Jaylen Arnold: “Of course, my friends and kids at school and teachers, they were freaking out."

LAKELAND — Jaylen Arnold has no hopes of ever making the NBA. Arnold, 17, joined the basketball team last year at Victory Christian Academy, and he says the results were “no bueno.”

Even so, he can now claim to have received one assist from the NBA's most glittering luminary, LeBron James.

For a recent 24-hour period, Arnold shared social media space with James, a four-time NBA Most Valuable Player. A one-minute video of Arnold describing his anti-bullying organization, Jaylen's Challenge, played beginning late Monday night on James's Instagram profile.

James, a high-scoring forward with the Cleveland Cavaliers, has 37.3 million followers on Instagram. Arnold, a Lakeland resident, said his own Instagram following jumped by about 1,500 (or roughly 14 percent) during the time the video appeared as a story — a feature that disappears after 24 hours — on James's Instagram feed.

“Of course, my friends and kids at school and teachers, they were freaking out,” Arnold said Wednesday. “They were really excited about it. Even on social media it was crazy, the boost we had gotten and the comments and the following. It was clear he had helped us get so much light shed on the message.”

James generally refrains from social media activity when his team is in the NBA Playoffs. The Cavaliers are now battling the Boston Celtics in the Eastern Conference finals.

Cleveland lost 107-94 Tuesday night to fall behind 2-0 in the best-of-seven series. James scored 42 points.

During the playoffs, visitors to James's Instagram feed have found short videos featuring children and young adults talking about their activities as entrepreneurs, activists and authors.

Robin Eckelberger, Arnold's mother, said the social media invitation came as a surprise. A few weeks ago, she heard from a woman who said she represented a prominent athlete and asked about having Arnold make a video.

After determining that the woman was indeed a prominent marketing professional, Eckelberger said she is cautious about her son's associations and requested the name of the athlete. Eckelberger said she's not much of a sports fan, but she recognized James as one of the world's most famous athletes.

Arnold said he respects James for his off-court activism.

Tony Rojek, a board member with Jaylen's Challenge, shot the video in the locker room at Victory Christian Academy. Arnold, wearing a blue polo shirt with his organization's logo on it, looks at the camera and explains that he started his campaign at age 8 after he endured bullying because he has Tourette syndrome and autism spectrum disorder.

At the end of the video, Arnold's Instagram handle (@jaylenschallenge) appeared.

Eckelberger said the video received more than 2,000 likes and 80 comments and prompted about 200 personal messages, some from youngsters who admitted feeling suicidal because of bullying.

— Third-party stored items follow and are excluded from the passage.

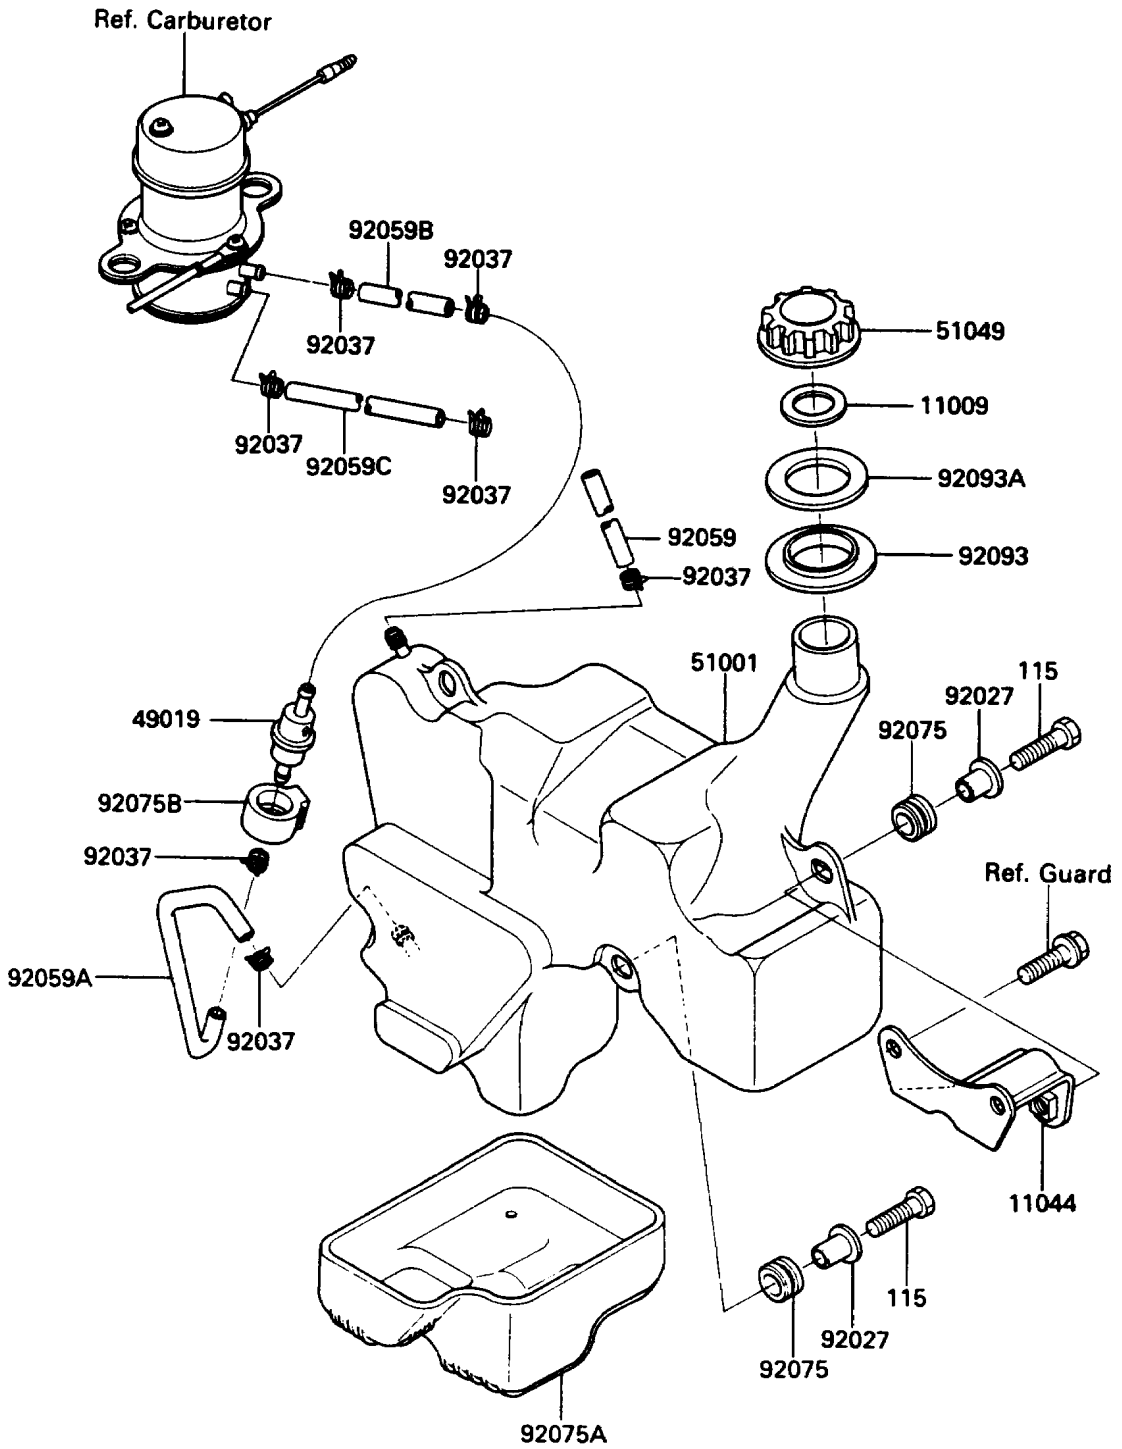

1988 Bayou 185 PARTS DIAGRAM

Fuel Tank

F2410-0285

1988 Bayou 185 PARTS LIST

Fuel Tank

ITEM NAME	PART NUMBER	QUANTITY
GASKET,TANK CAP (Ref # 11009)	11009-3020	1
BRACKET (Ref # 11044)	11043-1876	1
FILTER-FUEL (Ref # 49019)	49019-1053	1
TANK-COMP-FUEL (Ref # 51001)	51001-1192	1
CAP-TANK (Ref # 51049)	51049-3001	1
COLLAR,L=14 (Ref # 92027)	92027-1134	1
CLAMP (Ref # 92037)	92037-1462	1
TUBE,6.5X11.5X800 (Ref # 92059)	92059-1542	1
TUBE (Ref # 92059A)	92059-1553	1
TUBE (Ref # 92059B)	92059-1554	1
TUBE,5.3X10.5X350 (Ref # 92059C)	92059-1596	1
DAMPER (Ref # 92075)	92075-013	1
DAMPER,FUEL TANK (Ref # 92075A)	92075-1663	1
DAMPER,FUEL FILTER (Ref # 92075B)	92075-1701	1
SEAL,FUEL TANK CAP (Ref # 92093)	92093-1175	1
SEAL,FUEL TANK CAP (Ref # 92093A)	92093-1176	1
BOLT-SMALL-UPSET (Ref # 115)	115B0830	1

It's not Arnold's first brush with a celebrity. He has appeared on Ellen DeGeneres's TV show, and during the ceremony for the 2014 World of Children Awards in New York he spent time with actress Anne Hathaway.

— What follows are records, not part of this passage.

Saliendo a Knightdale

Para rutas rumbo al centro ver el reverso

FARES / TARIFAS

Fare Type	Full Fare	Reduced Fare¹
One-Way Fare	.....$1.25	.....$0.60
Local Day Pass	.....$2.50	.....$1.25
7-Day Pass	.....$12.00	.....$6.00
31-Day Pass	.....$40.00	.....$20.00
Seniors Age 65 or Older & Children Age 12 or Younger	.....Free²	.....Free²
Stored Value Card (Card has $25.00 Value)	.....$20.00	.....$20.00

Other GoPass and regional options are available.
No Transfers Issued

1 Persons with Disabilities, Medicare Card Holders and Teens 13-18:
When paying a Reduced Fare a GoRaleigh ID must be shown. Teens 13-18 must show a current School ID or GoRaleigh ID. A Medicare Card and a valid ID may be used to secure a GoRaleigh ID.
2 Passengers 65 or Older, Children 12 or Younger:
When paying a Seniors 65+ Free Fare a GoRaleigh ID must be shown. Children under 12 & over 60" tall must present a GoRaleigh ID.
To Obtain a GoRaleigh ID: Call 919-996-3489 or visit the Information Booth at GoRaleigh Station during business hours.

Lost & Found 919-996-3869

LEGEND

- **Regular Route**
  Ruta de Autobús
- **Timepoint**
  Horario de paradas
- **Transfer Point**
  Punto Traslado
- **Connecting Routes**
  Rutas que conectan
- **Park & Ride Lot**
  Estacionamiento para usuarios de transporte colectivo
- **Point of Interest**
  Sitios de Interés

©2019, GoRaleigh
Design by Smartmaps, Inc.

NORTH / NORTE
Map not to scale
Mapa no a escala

“We don't have someone from our team reaching out to people,” Eckelberger said. “These things just come to Jaylen, and that's why I say he's so blessed. Every time we think he's done it all, something like this comes along and you go, ‘Wow.’ ”

Arnold, who is dual-enrolled at Southeastern University, said it's too soon to say just how much his foundation will benefit from James's assist.

“We have no idea, but we have big hopes because definitely he's got one of the largest followings on social media,” he said. “That's a lot of people anti-bullying was exposed to. Thanks to him, this could lead to who knows what.”